I have several similar exercises to do and I do not have an idea how to proceed. I suspect that the first one is isomorphic with $\mathbb{R}[i\sqrt{2}]$ and second one with $\mathbb{R}[i\sqrt{3}]$.
Show that they're both isomorphic to $\mathbb{C}$. You can do this by considering homomorphisms $\mathbb{R}[x] \to \mathbb{C}$ defined by evaultion at $\sqrt{2}i$ and $\sqrt{3}i$ respectively. Are these maps surjective? What are their kernels? What does this tell you?
Hint: they are both field extensions of $\mathbb R$ of degree $2$.
Any homomorphism $h:\mathbb{R}[x]/(x^2+2)\longrightarrow\mathbb{R}[x]/(x^2+3)$ is defined entirely by $h(1)$ and $h(x)$. Of course, we must have that $h(1)=1$, so $h$ is entirely defined by $h(x)$.
On the other hand, we must have ${h(x)}^2=h(x)\cdot h(x)=h(x^2)=h(-2)=-2$. Can you take it from here?

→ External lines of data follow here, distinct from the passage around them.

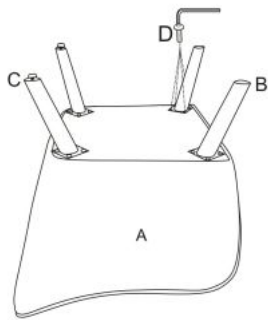

Opis produktu

Fotel ROMEO wypoczynkowy popielaty / naturalny - Halmar

wymiary: 83/75/75/47 cm, materiał: tkanina / drewno lite, kolor: tapicerka - popielaty, nogi - naturalny

Instrukcja montażu fotela Romeo

Instrukcja montażu fotela Romeo

ROMEO

1

2

3

4

A		1
B		2
C		2
D		16

max. 120 kg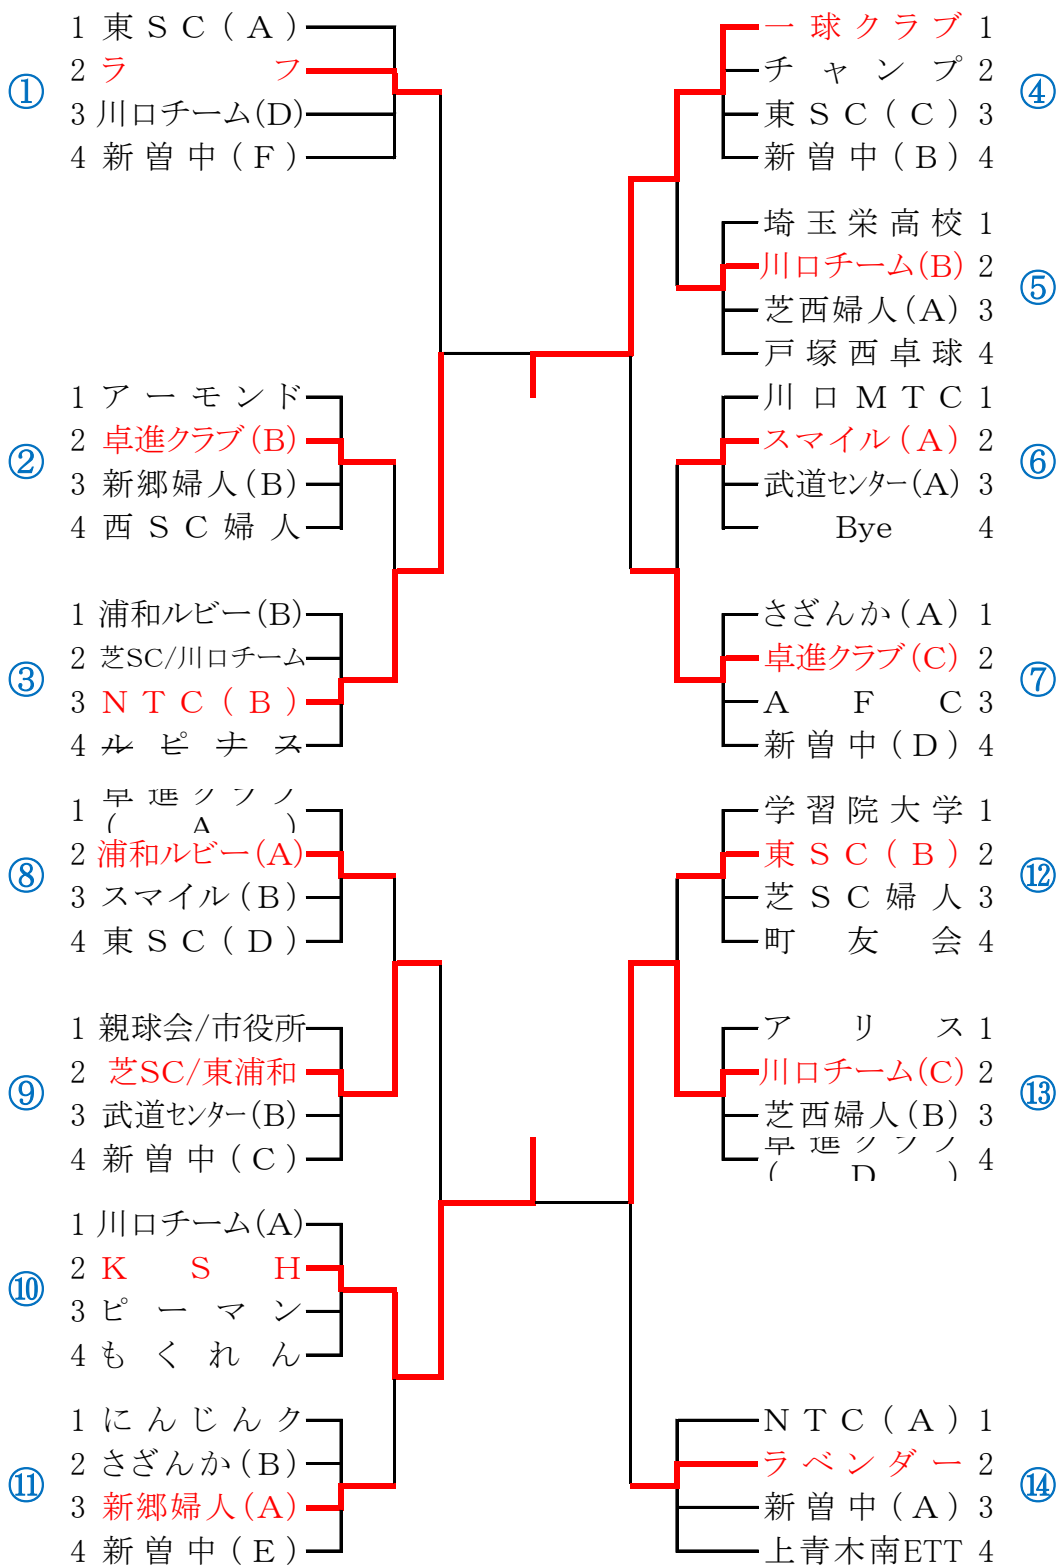

会長杯女子ダブルス

平成27年2月15日
芝スポーツセンター

丸数字はブロックNO

1位トーナメント

決 勝

2位トーナメント

決勝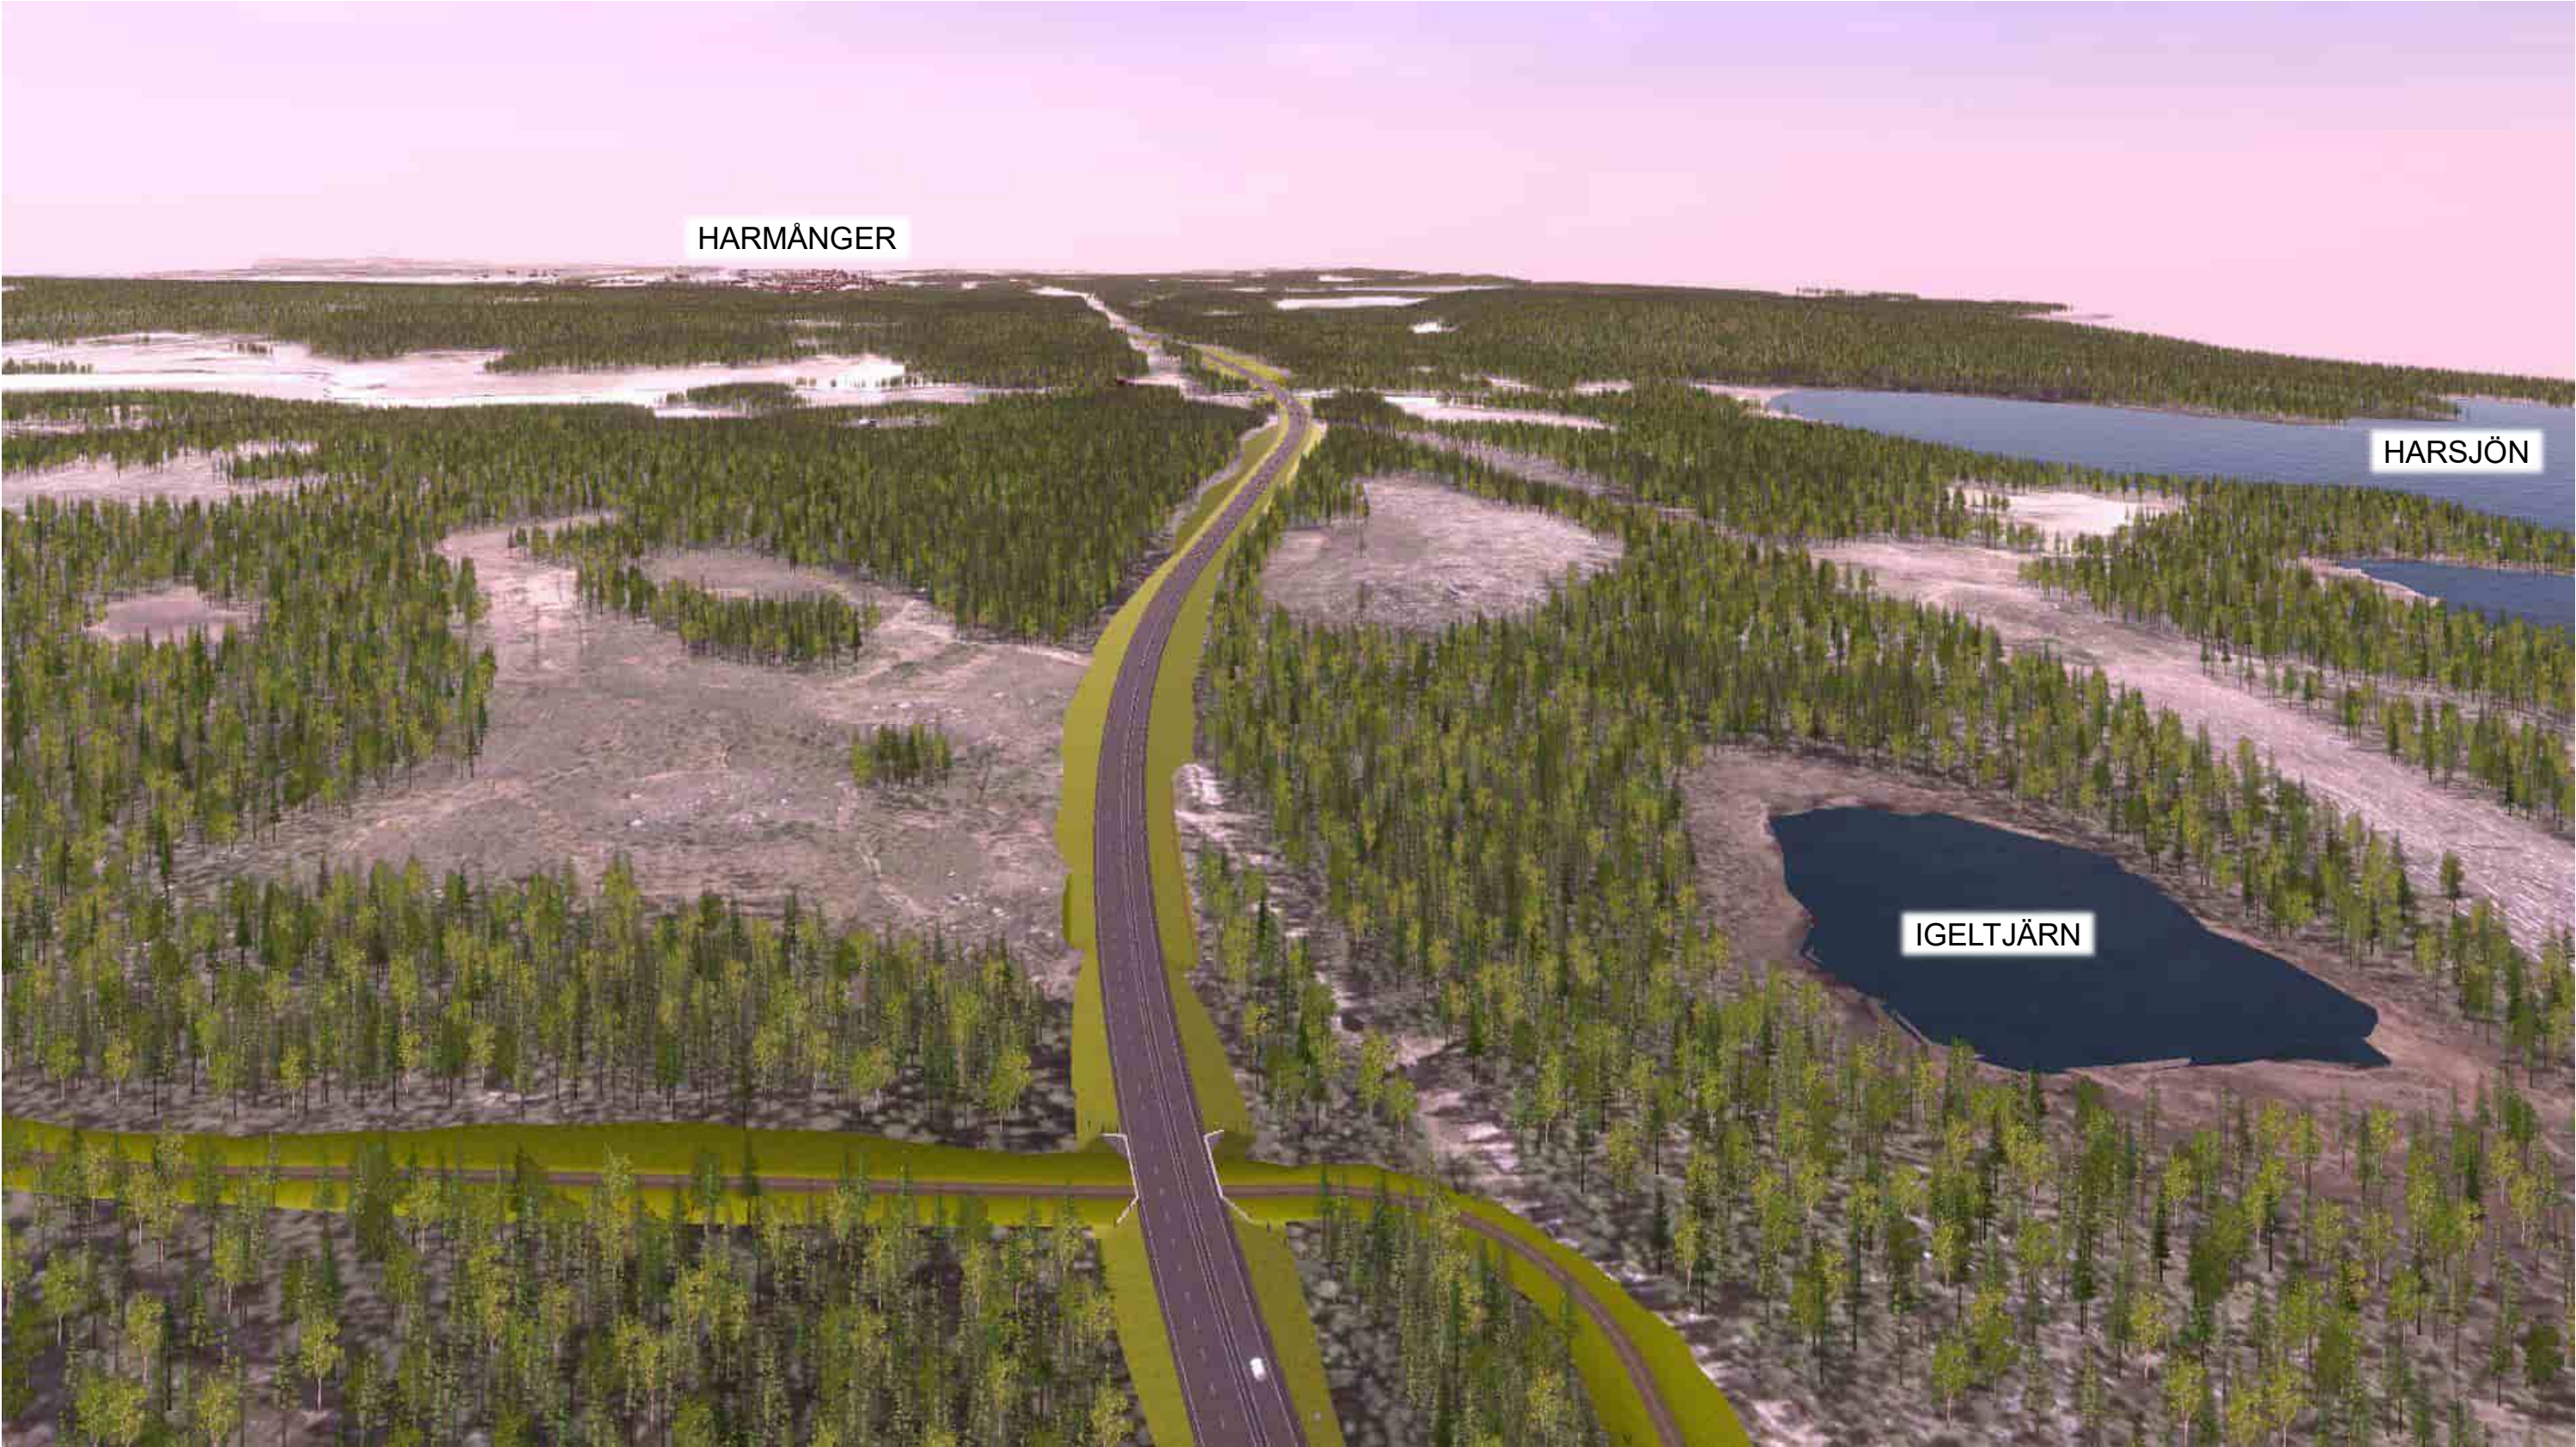

**E4 Kongberget-
Gnarp**

Vyer ur VR modell

Från söder mot norr

Del 1

TRAFIKVERKET

2021-06-21

Sekt 4/000-4/500

Sekt 4/500-5/000

Sekt 5/000-5/500

Sekt 6/500 Trafikplats Harmånger Södra

Sekt 6/500-7/000

Sekt 6/500-7/000

Sekt 7/000-7/500 Västerut från Harmånger

Sekt 7/000-7/500 Västerut från Forsavägen

Sekt 7/500-8/000 Österut från Forsavägen

EDIT: Adding from the comments. $i\sqrt{2}$ is not an element of $\mathbb{R}[x]/(x^2+3)$ per se, although there is an isomorphism between $\mathbb{R}[x]/(x^2+3)$ and $\mathbb{C}$. Explicitly, we have that $h(x)=ax+b$ for some $a,b\in\mathbb{R}$. To find them, we evaluate ${h(x)}^2$:
$${(ax+b)}^2=a^2x^2+2abx+b^2=2abx+(b^2-3a^2)$$
Hence, we must have $2ab=0$ and $b^2-3a^2=-2$. Since $a$ and $b$ are both real, it's easy to see the only solution is $b=0$ and $a=\pm\sqrt{2/3}=\pm\sqrt{6}/3$. In other words,
$$h(x)=\pm\frac{x\,\sqrt{6}}3$$